Required action
Count how many lines hold "mini" in the records, and respond with that number by itself.

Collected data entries
━━━━━━

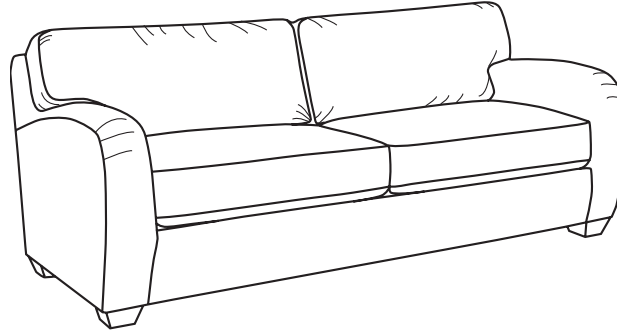

Duralee Fine Furniture®, Inc.

M O L O K A I

Box back pillows with legs

ITEM	W	D	H	SW	SD	SH	AH
10-330-60	60	39	35	48	23	20	26
10-330-72	72	39	35	60	23	20	26
<i>Shown</i> 10-330-84	84	39	35	72	23	20	26
10-330-96	96	39	35	84	23	20	26

MOLOKAI

10-330 - Sofa
Box back pillows with legs

10-330-60	60 x 39 x 35	SW: 48	SD: 23	SH: 20	AH: 26
10-330-72	72 x 39 x 35	SW: 60	SD: 23	SH: 20	AH: 26
10-330-84	84 x 39 x 35	SW: 72	SD: 23	SH: 20	AH: 26
10-330-96	96 x 39 x 35	SW: 84	SD: 23	SH: 20	AH: 26

30-230 - Lounge Chair
Box back with legs

35 x 39 x 35	AH: 26	SH: 19	SD: 23
--------------	--------	--------	--------
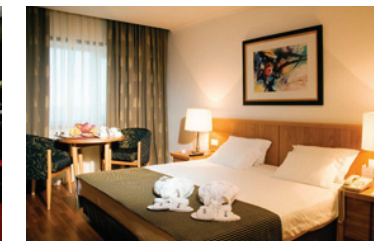

Radisson BLU Lisboa

Av. Marechal Craveiro Lopes, 390 • 1749-009 Lisboa - Portugal
Tel. +351 210 045 000 • Fax: +351 210 045 001
Email: rad@grupo-continental.com

LISBOA

Serviços / Facilities

Quartos
Rooms

221

Cabaret
Cabaret

30

Alojamento / Accommodation

Recentemente renovados, este hotel contempla 221 espaçosos quartos – 29 executivos e 17 suites - equipados com ar condicionado; cofre; TV por cabo; pay TV; telefone; mini-bar; secador de cabelo; prensa de calças; cafeteira eléctrica; High Speed Internet; e Wi-Fi gratuita. Serviço de quartos disponível 24 horas por dia.

Recently renewed this hotel has 221 rooms - 29 executive rooms and 17 suites - equipped with air conditioning, safe-deposit box, cable TV, pay TV, telephone, mini-bar, hairdryer, trouser press, electrical coffee pot, High Speed Internet and free WI-FI. Room service available 24 hours a day.

━━━━━━

Problem solution
2